Christopher Hunter chrisehunter at blueyonder.co.uk
Mon Feb 19 00:02:13 UTC 2007


On Sun, 2007-02-18 at 23:13 +0000, John G Walker wrote:

> Those who work in the countryside - as opposed to those who employ them
> - need cars just to be able to commute to work. The days of the
> countryside full of agricultural workers on bicycles is long gone.
> Now they have to battle through urban traffic jams in order to get to
> work.
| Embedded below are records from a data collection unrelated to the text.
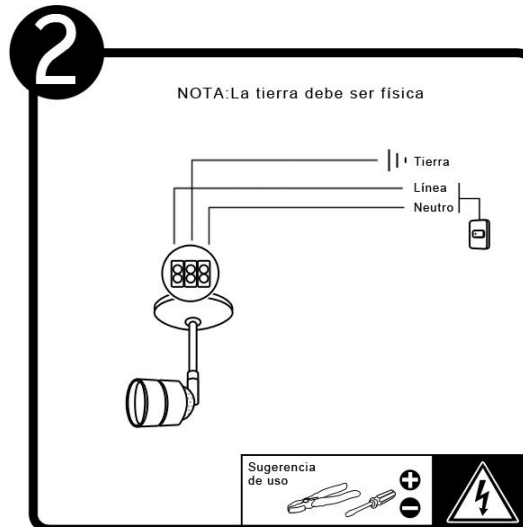

## INSTRUCTIVO DE INSTALACIÓN

\*Instructivo solo como referencia de instalación

**Tecno Lite**<sup>®</sup>  
LA LUZ ES TUYA

LED  
BRILLA  
CONTIGO

**LISTA DE PARTES:**  
Accesorios Anclaje

### PRECAUCIÓN:

1-Desconecte la fuente de energía eléctrica durante la instalación y antes de darle servicio.

**RECOMENDACIÓN:** Favor de consultar el instructivo impreso que viene dentro del empaque del producto.

It's not clear to me how road pricing will help them,

Mostly agreed.  Road pricing is really a non-starter in many ways.  The
simplest and most obvious way of getting transport taxes from those most
able to pay is by fuel duties.

It's similar in many ways to the concept of VAT: if VAT was charged at
the right rate, almost all other forms of taxation could be discarded
(including Income Tax, National Insurance and most other levies).  The
government economic model demonstrates quite clearly that this is so.
However, there would be a major outcry from those most affected (the
rich), so like vastly increased fuel duties, it's a political
non-starter.

There is no simple, easy solution to the congestion problems.  London's
experiment with Congestion Charging doesn't work (and cannot work).
Despite Livingstone's bluster to the contrary and the manipulated
statistics, the London CC zone has failed abysmally in every way, and is
losing money.  (If is was truly successful, the revenue collected would
be vanishingly small, so the entire project is self-defeating!)

The "automated number plate recognition" simply doesn't work (and cannot
work with the chosen technology), and relies on innumerable lowly paid
operatives monitoring CCTV screens! 

Imagine this mess expanded to the whole country!

Also, any large scale government IT project invariably fails, always at
enormous cost to the taxpayer.  Tagging vehicles might work, but the
mass of data that is required to be collected, collated and manipulated
will be impossible without large scale human intervention.  I suppose
that the upside is that it will be the largest government "make work"
scheme ever and will do wonderful things for the unemployment
statistics!

The only thing that Livingstone's folly has achieved is to persuade
increasing numbers of large companies to move their premises to the
provinces or abroad, and to seriously affect the sales of major
retailers inside his zone - so much so that some of the bigger companies
are closing their central London outlets.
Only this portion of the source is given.